Problem requirements: Each entry below should be output exactly, apart from its images.

[Provided records — start]

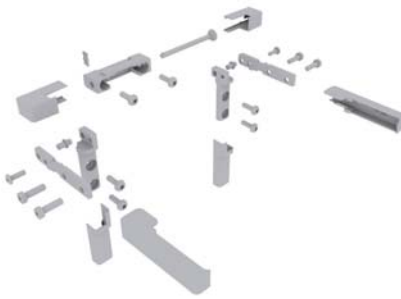

Zestawy konsol do VCD

VCD-BS007-VFO (BK)

VCD-BS001-VSI (SR)

VCD-BS004-VFI (BK)

Cechy

- » Optymalne dostosowanie zestawu konsol do danego systemodawcy
- » Wszystkie niezbędne elementy mocujące zawarte w zestawie
- » Dostępne instrukcje montażu dla różnych systemodawców
- » Możliwe polakierowanie na dowolny kolor, również spoza palety RAL

Okno dachowe, otwierane na zewnątrz

Producent profili	Seria profili	Nr art.	Zestaw konsol
Reynaers®	CR 120	25.BAE.KS	VCD-BS014-VFO
Schüco®	AWS 57 RO	25.BAK.KS	VCD-BS010-VFO

Okno fasadowe, otwierane do wewnątrz

Producent profili	Seria profili	Nr art.	Zestaw konsol	MF	MR	FA
Raico®	FRAME+ 75	25.CAL.KS	VCD-BS017-VSI (SR)	43 mm	21 mm	0 - 15 mm
Raico®	FRAME+ 75	25.CAK.KS	VCD-BS017-VSI (BK)	43 mm	21 mm	0 - 15 mm
Raico®	FRAME+ 75	25.CAM.KS	VCD-BS017-VSI (WH)	43 mm	21 mm	0 - 15 mm
Raico®	FRAME+ 75	25.CAP.KS	VCD-BS018-VFI (SR)	42 mm	40 mm	0 - 15 mm
Raico®	FRAME+ 75	25.CAN.KS	VCD-BS018-VFI (BK)	42 mm	40 mm	0 - 15 mm
Raico®	FRAME+ 75	25.CAR.KS	VCD-BS018-VFI (WH)	42 mm	40 mm	0 - 15 mm
Raico®	FRAME+ 90 WI	25.CAL.KS	VCD-BS017-VSI (SR)	43 mm	21 mm	0 - 15 mm
Raico®	FRAME+ 90 WI	25.CAK.KS	VCD-BS017-VSI (BK)	43 mm	21 mm	0 - 15 mm
Raico®	FRAME+ 90 WI	25.CAM.KS	VCD-BS017-VSI (WH)	43 mm	21 mm	0 - 15 mm
Raico®	FRAME+ 90 WI	25.CAP.KS	VCD-BS018-VFI (SR)	42 mm	40 mm	0 - 15 mm
Raico®	FRAME+ 90 WI	25.CAN.KS	VCD-BS018-VFI (BK)	42 mm	40 mm	0 - 15 mm
Raico®	FRAME+ 90 WI	25.CAR.KS	VCD-BS018-VFI (WH)	42 mm	40 mm	0 - 15 mm

Szablony otworów

Typ	Nr art.	Zestaw konsol	Kolor
DTP 4	68.700.47	VCD-BS004-VFI	Czerwony
DTP 5	68.700.48	VCD-BS001-VSI	Szary
DTP 6	68.700.49	VCD-BS007-VFO	Biały

[Provided records — finish]

Exercise solution:
Zestawy konsol do VCD

VCD-BS007-VFO (BK)

VCD-BS001-VSI (SR)

VCD-BS004-VFI (BK)

Cechy

- » Optymalne dostosowanie zestawu konsol do danego systemodawcy
- » Wszystkie niezbędne elementy mocujące zawarte w zestawie
- » Dostępne instrukcje montażu dla różnych systemodawców
- » Możliwe polakierowanie na dowolny kolor, również spoza palety RAL

Okno dachowe, otwierane na zewnątrz

Producent profili	Seria profili	Nr art.	Zestaw konsol
Reynaers®	CR 120	25.BAE.KS	VCD-BS014-VFO
Schüco®	AWS 57 RO	25.BAK.KS	VCD-BS010-VFO

Okno fasadowe, otwierane do wewnątrz

Producent profili	Seria profili	Nr art.	Zestaw konsol	MF	MR	FA
Raico®	FRAME+ 75	25.CAL.KS	VCD-BS017-VSI (SR)	43 mm	21 mm	0 - 15 mm
Raico®	FRAME+ 75	25.CAK.KS	VCD-BS017-VSI (BK)	43 mm	21 mm	0 - 15 mm
Raico®	FRAME+ 75	25.CAM.KS	VCD-BS017-VSI (WH)	43 mm	21 mm	0 - 15 mm
Raico®	FRAME+ 75	25.CAP.KS	VCD-BS018-VFI (SR)	42 mm	40 mm	0 - 15 mm
Raico®	FRAME+ 75	25.CAN.KS	VCD-BS018-VFI (BK)	42 mm	40 mm	0 - 15 mm
Raico®	FRAME+ 75	25.CAR.KS	VCD-BS018-VFI (WH)	42 mm	40 mm	0 - 15 mm
Raico®	FRAME+ 90 WI	25.CAL.KS	VCD-BS017-VSI (SR)	43 mm	21 mm	0 - 15 mm
Raico®	FRAME+ 90 WI	25.CAK.KS	VCD-BS017-VSI (BK)	43 mm	21 mm	0 - 15 mm
Raico®	FRAME+ 90 WI	25.CAM.KS	VCD-BS017-VSI (WH)	43 mm	21 mm	0 - 15 mm
Raico®	FRAME+ 90 WI	25.CAP.KS	VCD-BS018-VFI (SR)	42 mm	40 mm	0 - 15 mm
Raico®	FRAME+ 90 WI	25.CAN.KS	VCD-BS018-VFI (BK)	42 mm	40 mm	0 - 15 mm
Raico®	FRAME+ 90 WI	25.CAR.KS	VCD-BS018-VFI (WH)	42 mm	40 mm	0 - 15 mm

Szablony otworów

Typ	Nr art.	Zestaw konsol	Kolor
DTP 4	68.700.47	VCD-BS004-VFI	Czerwony
DTP 5	68.700.48	VCD-BS001-VSI	Szary
DTP 6	68.700.49	VCD-BS007-VFO	Biały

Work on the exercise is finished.